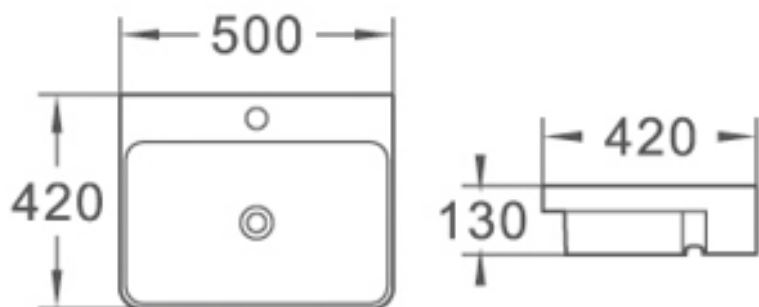

CHOICE SUPPLIES

BATHROOM • KITCHEN • LAUNDRY

GORDON

SEMI RECESSED BASIN 1 TAP HOLE

Features

Item Code - 142042511

Product Model - 4028A

Materials - Vitreous China

Fitting - Semi Recessed

Waste - 32mm With Overflow

Size - 500X420X130mm

Warranty - 5 Years replacement

Australian owned since 2006

E info@choicesupplies.com.au | P 03 9548 1033 | W www.choicesupplies.com.au
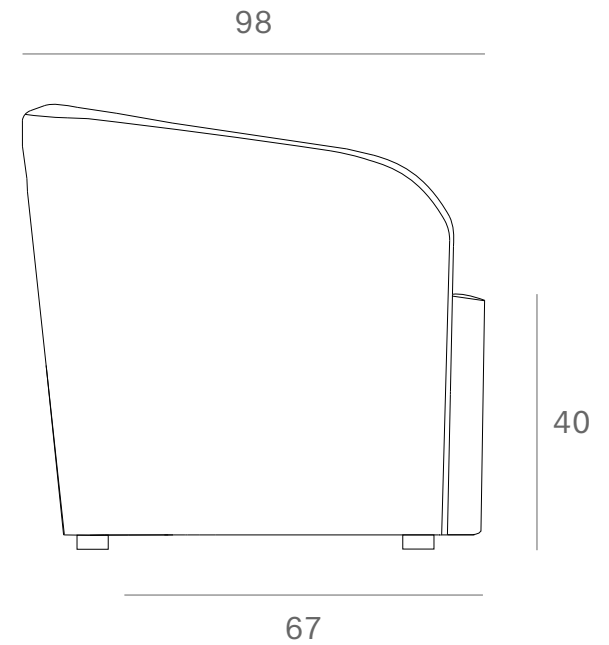

Ethnicraft

20144 - Ellipse Sofa - 3 seater - Dimensions (cm)

*Ethnicraft*

20144 - Ellipse Sofa - 3 seater - Dimensions (inches)
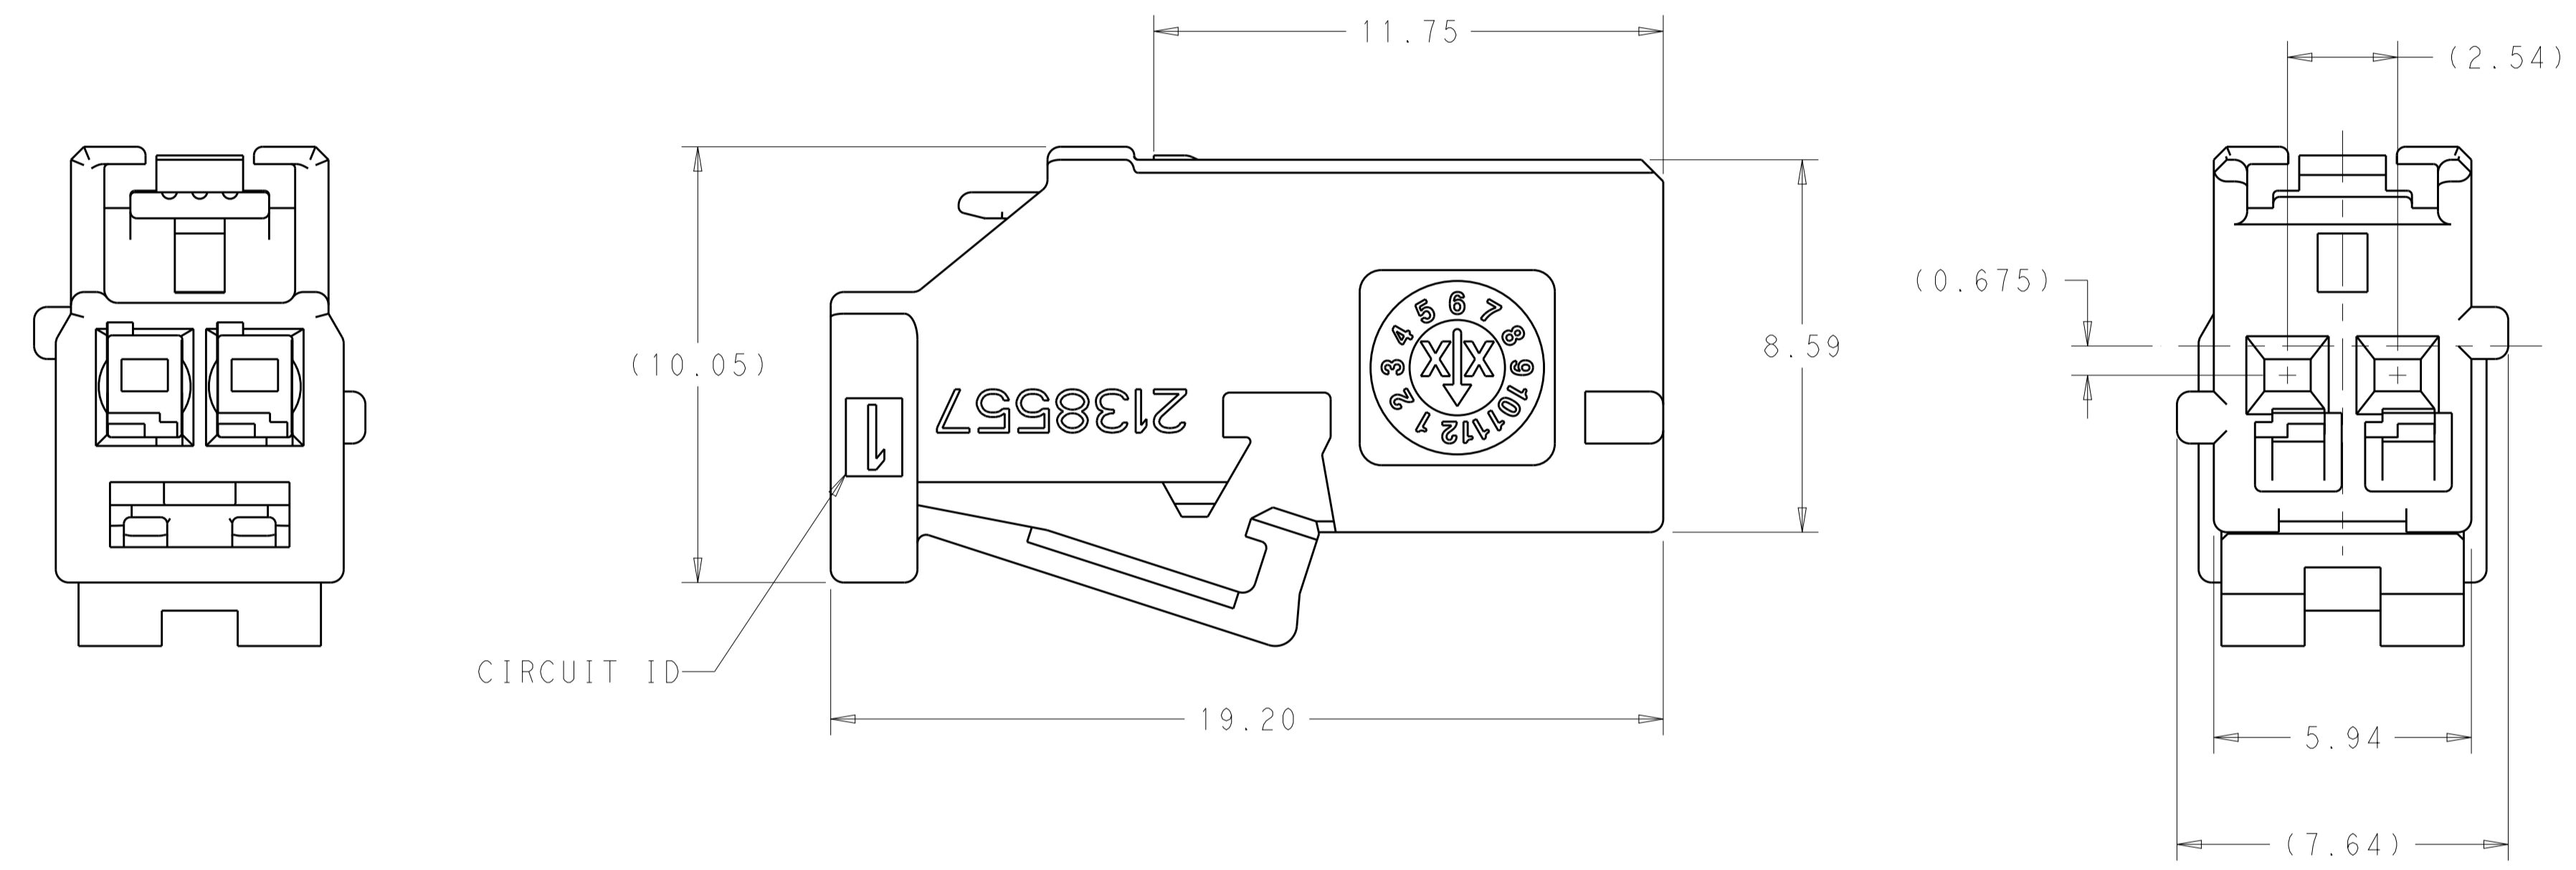

LOC		DIST		REVISIONS			
GE	00	P	LTN	DESCRIPTION	DATE	DWN	APVD
		A		RELEASED PER ECO-13-001134	21JAN2013	MDB	MDB

2138557-1 ASSEMBLED VIEW

- ⚠ MATERIAL: PBT, 15% GF.  
COLOR : SEE TABLE
- 2. PLUG MATES WITH CAP HOUSING 2138558
- 3. PLUG WILL ACCEPT GENERATION Y RECEPTACLE CONTACTS, DOWNWARD ORIENTATION, ISL-LOCKUP.
- 4. NOTE REMOVED.
- 5. FOR HARNESS ASSEMBLY INSTRUCTIONS, SEE TE SPEC 408-32069.

2138557-1 AS SHOWN

GRAY	B	2138557-2
BLACK	A	2138557-1
COLOR	KEYING OPTION	PART NUMBER

THIS DRAWING IS A CONTROLLED DOCUMENT.		DWN: R. WHITAKER 27MAY2011	STE TE Connectivity	
DIMENSIONS: mm		CHK: D. BROWN 27MAY2011	NAME: SINGLE PIECE PLUG, 2 POSITION, GENERATION Y	
TOLERANCES UNLESS OTHERWISE SPECIFIED:		APVD: D. BROWN 27MAY2011	PRODUCT SPEC: -	
0 PLC ±0.3		APPLICATION SPEC: -		
1 PLC ±0.10		SIZE: A1		
2 PLC ±0.10		CAGE CODE: 00779		
3 PLC ±0.10		DRAWING NO: 2138557		
4 PLC ±0.10		RESTRICTED TO: -		
ANGLES ±1°		WEIGHT: -		
FINISH: -		SCALE: 8:1		
MATERIAL: -		SHEET: 1 OF 1		
Customer Drawing		REV: A		
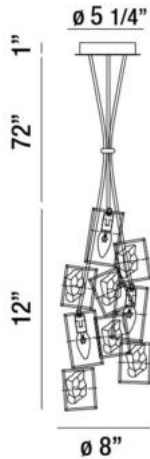

PATTON, 8" ROUND PENDANT

Options Available

ITEM NO.	FINISH	SHADE
31834-018	BRONZE	BRONZE/STONE

PRODUCT DETAILS

No.	:	31834-018
Product Color	:	BRONZE
Product Material	:	METAL
Shade / Accent Colour	:	BRONZE/STONE
Shade / Accent Material	:	METAL/STONE
Diameter	:	8"
Height	:	12"
Overall Height	:	85"
Weight	:	6.6lbs

LIGHT SOURCE DETAILS

Number of Bulbs	:	3
Light Source	:	Incandescent
Light Source Type	:	B10
Input Voltage	:	120V
Bulb Voltage	:	120V
Socket Type	:	E12
Wattage	:	60W
Total Wattage	:	180W
Bulb Included	:	No
Dimmable	:	Yes

TECHNICAL DETAILS

Light Direction	:	Down
Hanging Support Type	:	AIRCRAFT CABLE
Hanging Support Length	:	72"
Canopy / Backplate Height	:	1"
Canopy / Backplate Dia.	:	5.25"
Adjustable Lamp Head	:	No
Approval	:	
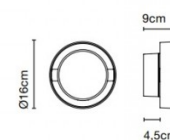

Plaff- on! 33:
28.5W, 2700K, 2000 Lumens

Plaff- on! 50:
36W, 2700K, 3200 Lumens

IP Code: 65

Dimming: Phase cut dimmer leading and trailing edge.

Dimensions: Plaff- on! 16:
Ø16cm
Depth: 9cm

Plaff- on! 33:
Ø33cm
Depth: 13cm

Plaff- on! 50:
Ø50cm
Depth: 13.8cm

Plaff-on! 50 IP54

Plaff-on! 33 IP54

Plaff-on! 16 IP65

For all sales and technical enquiries, please contact:

+44 (0)114 263 4266

info@davidvillagelighting.co.uk

www.davidvillagelighting.co.uk
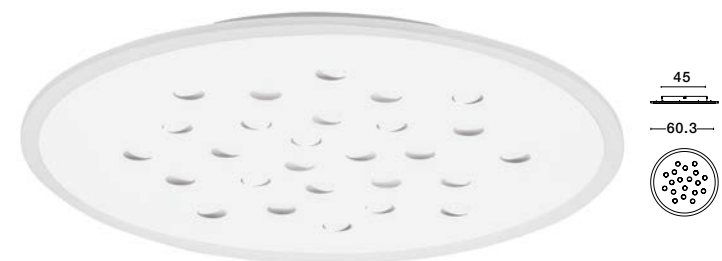

ASTRAEUS
— 9030651
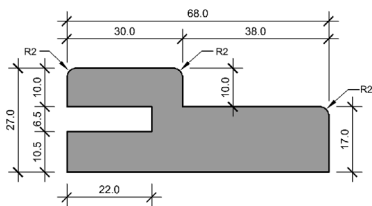

DOORJAMBS

GROOVE JAMBS 18mm

GROOVE JAMBS 25mm

GROOVE JAMBS 30mm

FLAT JAMBS

*images are not to scale.

DOORJAMBS

SLIM LINE JAMBS 38mm REBATE

SJ 114x30

SJ 136x30

SJ 136x40

SLIM LINE JAMBS 38mm REBATE

SJ 114x30

SJ 136x30

SJ 136x40

SPLIT JAMBS

SPJ 68x27

SPJ 58x17
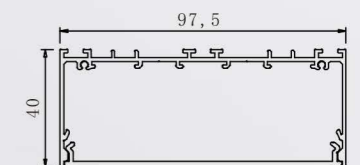

● Parameter

ModelNO. VLSK9840

Length	600mm	900mm	1200mm	1500mm	1800mm
Power	20W	30W	40W	50W	60W
LEDQuantities	180pcs	288pcs	360pcs	432pcs	576pcs
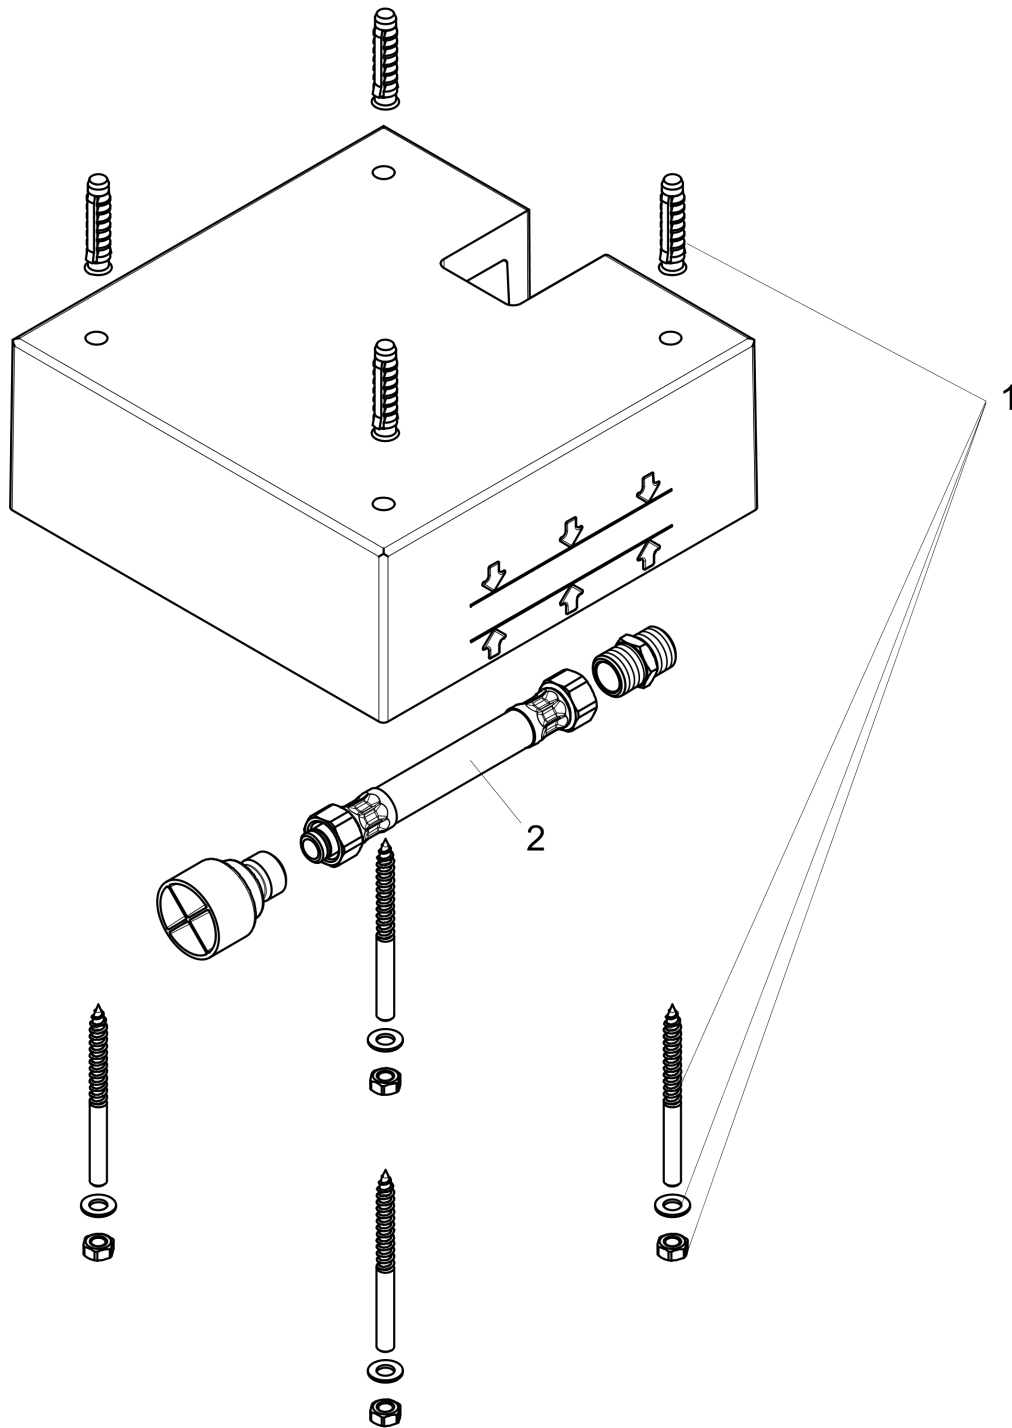

Raindance E
Rough, Showerhead 400 Square 1-Jet
 Finishes : n.a. Part no. : 26254181

Description

Features
 · 1/2" NPT

Item details

List Price \$ 114.00

Compliance

Product image

Scale drawing

Raindance E
Rough, Showerhead 400 Square 1-Jet
 Finishes : n.a. Part no. : 26254181

Exploded drawing

Year of production: >03/18

Raindance E
Rough, Showerhead 400 Square 1-Jet
 Finishes : n.a. Part no. : **26254181**

Spare parts list

Year of production: >03/18

Pos.	Description	Part no.	Price	PU
1	mounting kit	97722000	-	1
2	connection hose 600 mm G½ x G½	25928000	-	1
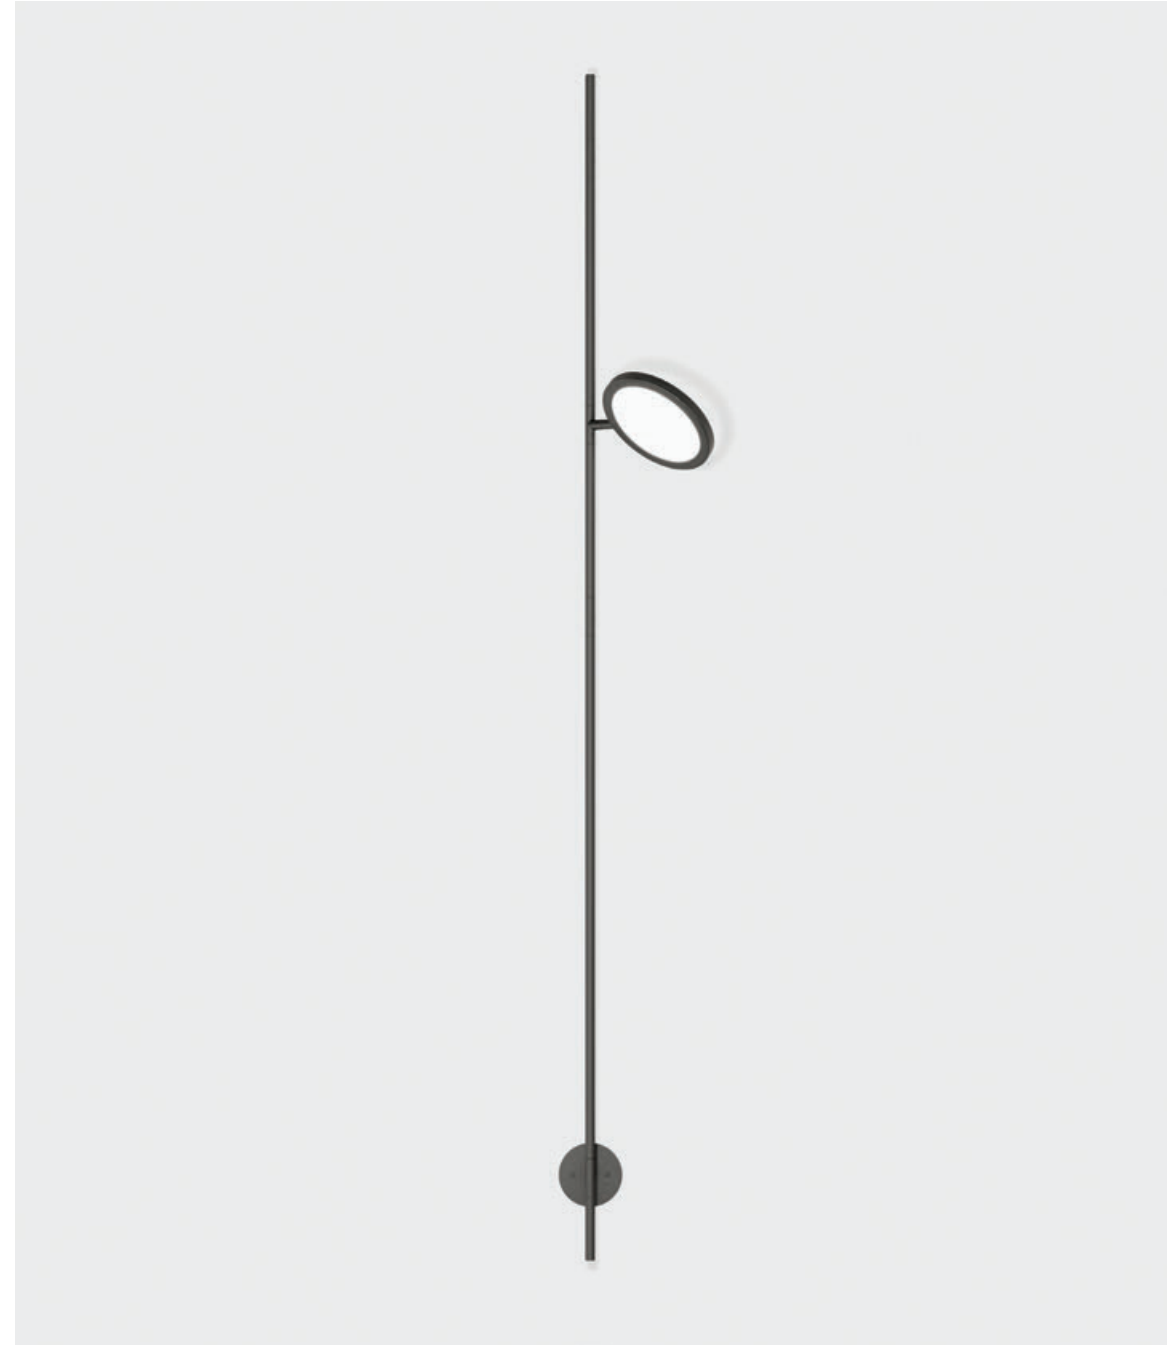

↑
←

Wall Climber 1, Satin Blackened Brass: L 93" x W 14" x D 2.5"
Wall Climber 2, Satin Blackened Brass: L 116" x W 44" x D 2.5"

About this task: Retype the data exactly as it stands, but keep the images out of your copy.

Solution to this task:
CHOICE SUPPLIES

BATHROOM • KITCHEN • LAUNDRY

GORDON

SEMI RECESSED BASIN 1 TAP HOLE

Features

Item Code - 142042511

Product Model - 4028A

Materials - Vitreous China

Fitting - Semi Recessed

Waste - 32mm With Overflow

Size - 500X420X130mm

Warranty - 5 Years replacement

Australian owned since 2006

E info@choicesupplies.com.au | P 03 9548 1033 | W www.choicesupplies.com.au

Ethnicraft

20144 - Ellipse Sofa - 3 seater - Dimensions (cm)

*Ethnicraft*

20144 - Ellipse Sofa - 3 seater - Dimensions (inches)

LOC		DIST		REVISIONS			
GE	00	P	LTN	DESCRIPTION	DATE	DWN	APVD
		A		RELEASED PER ECO-13-001134	21JAN2013	MDB	MDB

2138557-1 ASSEMBLED VIEW

- ⚠ MATERIAL: PBT, 15% GF.  
COLOR : SEE TABLE
- 2. PLUG MATES WITH CAP HOUSING 2138558
- 3. PLUG WILL ACCEPT GENERATION Y RECEPTACLE CONTACTS, DOWNWARD ORIENTATION, ISL-LOCKUP.
- 4. NOTE REMOVED.
- 5. FOR HARNESS ASSEMBLY INSTRUCTIONS, SEE TE SPEC 408-32069.

2138557-1 AS SHOWN

GRAY	B	2138557-2
BLACK	A	2138557-1
COLOR	KEYING OPTION	PART NUMBER

THIS DRAWING IS A CONTROLLED DOCUMENT.		DWN: R. WHITAKER 27MAY2011	STE TE Connectivity	
DIMENSIONS: mm		CHK: D. BROWN 27MAY2011	NAME: SINGLE PIECE PLUG, 2 POSITION, GENERATION Y	
TOLERANCES UNLESS OTHERWISE SPECIFIED:		APVD: D. BROWN 27MAY2011	PRODUCT SPEC: -	
0 PLC ±0.3		APPLICATION SPEC: -		
1 PLC ±0.10		SIZE: A1		
2 PLC ±0.10		CAGE CODE: 00779		
3 PLC ±0.10		DRAWING NO: 2138557		
4 PLC ±0.10		RESTRICTED TO: -		
ANGLES ±1°		WEIGHT: -		
FINISH: -		SCALE: 8:1		
MATERIAL: -		SHEET: 1 OF 1		
Customer Drawing		REV: A		

PATTON, 8" ROUND PENDANT

Options Available

ITEM NO.	FINISH	SHADE
31834-018	BRONZE	BRONZE/STONE

PRODUCT DETAILS

No.	:	31834-018
Product Color	:	BRONZE
Product Material	:	METAL
Shade / Accent Colour	:	BRONZE/STONE
Shade / Accent Material	:	METAL/STONE
Diameter	:	8"
Height	:	12"
Overall Height	:	85"
Weight	:	6.6lbs

LIGHT SOURCE DETAILS

Number of Bulbs	:	3
Light Source	:	Incandescent
Light Source Type	:	B10
Input Voltage	:	120V
Bulb Voltage	:	120V
Socket Type	:	E12
Wattage	:	60W
Total Wattage	:	180W
Bulb Included	:	No
Dimmable	:	Yes

TECHNICAL DETAILS

Light Direction	:	Down
Hanging Support Type	:	AIRCRAFT CABLE
Hanging Support Length	:	72"
Canopy / Backplate Height	:	1"
Canopy / Backplate Dia.	:	5.25"
Adjustable Lamp Head	:	No
Approval	:	

Plaff- on! 33:
28.5W, 2700K, 2000 Lumens

Plaff- on! 50:
36W, 2700K, 3200 Lumens

IP Code: 65

Dimming: Phase cut dimmer leading and trailing edge.

Dimensions: Plaff- on! 16:
Ø16cm
Depth: 9cm

Plaff- on! 33:
Ø33cm
Depth: 13cm

Plaff- on! 50:
Ø50cm
Depth: 13.8cm

Plaff-on! 50 IP54

Plaff-on! 33 IP54

Plaff-on! 16 IP65

For all sales and technical enquiries, please contact:

+44 (0)114 263 4266

info@davidvillagelighting.co.uk

www.davidvillagelighting.co.uk

ASTRAEUS
— 9030651

DOORJAMBS

GROOVE JAMBS 18mm

GROOVE JAMBS 25mm

GROOVE JAMBS 30mm

FLAT JAMBS

*images are not to scale.

DOORJAMBS

SLIM LINE JAMBS 38mm REBATE

SJ 114x30

SJ 136x30

SJ 136x40

SLIM LINE JAMBS 38mm REBATE

SJ 114x30

SJ 136x30

SJ 136x40

SPLIT JAMBS

SPJ 68x27

SPJ 58x17

● Parameter

ModelNO. VLSK9840

Length	600mm	900mm	1200mm	1500mm	1800mm
Power	20W	30W	40W	50W	60W
LEDQuantities	180pcs	288pcs	360pcs	432pcs	576pcs

Raindance E
Rough, Showerhead 400 Square 1-Jet
 Finishes : n.a. Part no. : 26254181

Description

Features
 · 1/2" NPT

Item details

List Price \$ 114.00

Compliance

Product image

Scale drawing

Raindance E
Rough, Showerhead 400 Square 1-Jet
 Finishes : n.a. Part no. : 26254181

Exploded drawing

Year of production: >03/18

Raindance E
Rough, Showerhead 400 Square 1-Jet
 Finishes : n.a. Part no. : **26254181**

Spare parts list

Year of production: >03/18

Pos.	Description	Part no.	Price	PU
1	mounting kit	97722000	-	1
2	connection hose 600 mm G½ x G½	25928000	-	1

↑
←

Wall Climber 1, Satin Blackened Brass: L 93" x W 14" x D 2.5"
Wall Climber 2, Satin Blackened Brass: L 116" x W 44" x D 2.5"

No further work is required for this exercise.